[Collected data entries]
● ● ● ●

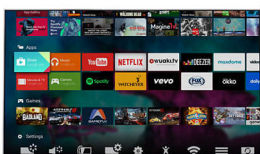

Контент на телевизоре

Благодаря магазину Google Play и галерее приложений Philips на телевизор можно загрузить обширную онлайн-коллекцию фильмов, телепередач, музыки, приложений и игр. 16 ГБ расширяемой памяти позволят сохранять избранный контент и устанавливать приложения, не беспокоясь о нехватке свободного места.

Pixel Precise Ultra HD

PixelPrecise
ULTRA HD

Телевизоры 4K Ultra HD совершенны в каждой детали. Процессор Philips Pixel Precise Ultra HD преобразовывает любое изображение в изображение с разрешением UHD, чтобы вы могли наслаждаться высокой четкостью и плавностью динамичных сцен и превосходной контрастностью изображения. Более глубокие оттенки черного и яркие оттенки белого, насыщенные цвета и естественная цветопередача — в любое время и с любого источника.

● ● ● ●

** Action item **
Copy out every entry above word for word; omit the images.

** Completed task **
Контент на телевизоре

Благодаря магазину Google Play и галерее приложений Philips на телевизор можно загрузить обширную онлайн-коллекцию фильмов, телепередач, музыки, приложений и игр. 16 ГБ расширяемой памяти позволят сохранять избранный контент и устанавливать приложения, не беспокоясь о нехватке свободного места.

Pixel Precise Ultra HD

PixelPrecise
ULTRA HD

Телевизоры 4K Ultra HD совершенны в каждой детали. Процессор Philips Pixel Precise Ultra HD преобразовывает любое изображение в изображение с разрешением UHD, чтобы вы могли наслаждаться высокой четкостью и плавностью динамичных сцен и превосходной контрастностью изображения. Более глубокие оттенки черного и яркие оттенки белого, насыщенные цвета и естественная цветопередача — в любое время и с любого источника.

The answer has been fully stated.